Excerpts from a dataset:
◇ ◇ ◇

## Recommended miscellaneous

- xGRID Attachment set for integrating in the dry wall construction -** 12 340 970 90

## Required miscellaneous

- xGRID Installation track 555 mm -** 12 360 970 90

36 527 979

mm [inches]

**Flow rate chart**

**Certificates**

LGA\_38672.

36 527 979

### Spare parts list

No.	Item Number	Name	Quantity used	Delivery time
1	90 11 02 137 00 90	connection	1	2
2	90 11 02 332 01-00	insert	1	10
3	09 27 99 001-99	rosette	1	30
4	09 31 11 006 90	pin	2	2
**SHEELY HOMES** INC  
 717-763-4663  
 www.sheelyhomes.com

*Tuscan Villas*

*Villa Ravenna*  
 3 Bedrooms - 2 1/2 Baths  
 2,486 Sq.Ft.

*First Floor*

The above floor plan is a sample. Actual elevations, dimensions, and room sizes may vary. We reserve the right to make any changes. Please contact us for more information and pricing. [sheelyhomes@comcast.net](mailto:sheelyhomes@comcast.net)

◇ ◇ ◇

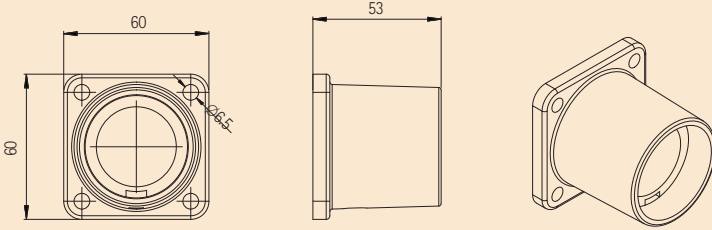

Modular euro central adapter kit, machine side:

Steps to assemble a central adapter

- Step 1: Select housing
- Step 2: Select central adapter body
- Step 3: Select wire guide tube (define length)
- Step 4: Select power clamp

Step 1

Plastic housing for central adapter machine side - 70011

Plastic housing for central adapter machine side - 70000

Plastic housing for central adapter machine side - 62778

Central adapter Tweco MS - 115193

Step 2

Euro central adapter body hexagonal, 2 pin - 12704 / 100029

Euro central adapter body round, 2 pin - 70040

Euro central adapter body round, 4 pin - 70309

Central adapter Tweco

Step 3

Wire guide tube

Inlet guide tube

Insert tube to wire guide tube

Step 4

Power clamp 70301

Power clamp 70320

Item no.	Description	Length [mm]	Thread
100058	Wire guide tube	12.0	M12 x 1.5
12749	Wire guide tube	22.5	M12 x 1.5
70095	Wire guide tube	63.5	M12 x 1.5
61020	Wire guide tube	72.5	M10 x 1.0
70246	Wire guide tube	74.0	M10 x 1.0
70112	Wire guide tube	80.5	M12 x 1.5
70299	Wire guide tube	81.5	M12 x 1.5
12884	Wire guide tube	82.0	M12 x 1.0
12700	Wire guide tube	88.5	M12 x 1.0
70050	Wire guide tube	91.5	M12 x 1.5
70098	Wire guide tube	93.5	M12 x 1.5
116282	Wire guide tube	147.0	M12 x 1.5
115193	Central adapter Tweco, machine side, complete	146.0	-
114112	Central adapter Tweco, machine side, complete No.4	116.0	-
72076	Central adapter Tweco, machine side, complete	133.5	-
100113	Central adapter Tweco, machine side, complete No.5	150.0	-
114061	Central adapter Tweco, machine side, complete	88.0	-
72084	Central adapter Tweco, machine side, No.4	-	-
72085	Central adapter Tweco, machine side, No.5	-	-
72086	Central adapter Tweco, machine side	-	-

◇ ◇ ◇

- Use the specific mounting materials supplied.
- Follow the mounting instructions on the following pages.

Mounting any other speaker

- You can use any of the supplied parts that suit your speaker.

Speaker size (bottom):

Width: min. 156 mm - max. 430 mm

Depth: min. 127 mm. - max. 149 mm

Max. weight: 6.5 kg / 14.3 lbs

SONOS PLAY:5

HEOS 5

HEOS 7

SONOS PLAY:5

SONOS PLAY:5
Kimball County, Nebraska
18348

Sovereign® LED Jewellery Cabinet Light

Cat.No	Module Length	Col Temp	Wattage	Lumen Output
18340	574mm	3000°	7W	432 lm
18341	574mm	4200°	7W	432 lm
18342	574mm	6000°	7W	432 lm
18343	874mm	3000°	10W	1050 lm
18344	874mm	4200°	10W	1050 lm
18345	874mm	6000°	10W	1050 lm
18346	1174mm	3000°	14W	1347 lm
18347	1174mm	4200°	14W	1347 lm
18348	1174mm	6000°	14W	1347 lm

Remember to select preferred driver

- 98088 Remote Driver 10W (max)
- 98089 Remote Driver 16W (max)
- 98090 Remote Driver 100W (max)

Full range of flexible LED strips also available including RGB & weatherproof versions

◇ ◇ ◇

Copy out each line of the data above, exactly, if it lies between the line holding "## Recommended miscellaneous" and the line holding "The above floor", inclusive; copy no other line.

** FINISHED TASK **
## Recommended miscellaneous

- xGRID Attachment set for integrating in the dry wall construction -** 12 340 970 90

## Required miscellaneous

- xGRID Installation track 555 mm -** 12 360 970 90

36 527 979

mm [inches]

**Flow rate chart**

**Certificates**

LGA\_38672.

36 527 979

### Spare parts list

No.	Item Number	Name	Quantity used	Delivery time
1	90 11 02 137 00 90	connection	1	2
2	90 11 02 332 01-00	insert	1	10
3	09 27 99 001-99	rosette	1	30
4	09 31 11 006 90	pin	2	2
**SHEELY HOMES** INC  
 717-763-4663  
 www.sheelyhomes.com

*Tuscan Villas*

*Villa Ravenna*  
 3 Bedrooms - 2 1/2 Baths  
 2,486 Sq.Ft.

*First Floor*

The above floor plan is a sample. Actual elevations, dimensions, and room sizes may vary. We reserve the right to make any changes. Please contact us for more information and pricing. [sheelyhomes@comcast.net](mailto:sheelyhomes@comcast.net)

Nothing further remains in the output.